◆ What the task asks: Once you find the line in the listing below that contains "made in Indonesia", copy it and every following line exactly, stopping at the end.

◆ Dataset excerpt:
◇ ◇ ◇
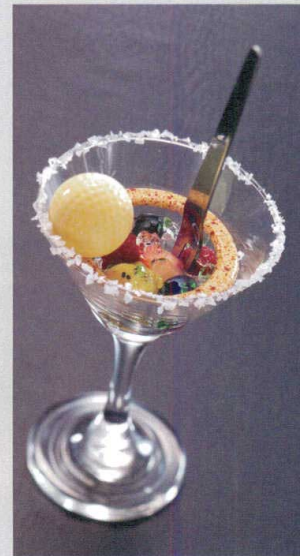

パンフレット番号	問合せ先	電話番号
20544-244	株式会社クイックパック	0564-59-3525

■アンブール made in Indonesia

※クリアガラスの品質について：表面にキズ、底部に波線、小さな気泡などが多少ありますこと、安価な製品の品質としてご了承ください。
◇ ◇ ◇
◆ Answer section:
■アンブール made in Indonesia

※クリアガラスの品質について：表面にキズ、底部に波線、小さな気泡などが多少ありますこと、安価な製品の品質としてご了承ください。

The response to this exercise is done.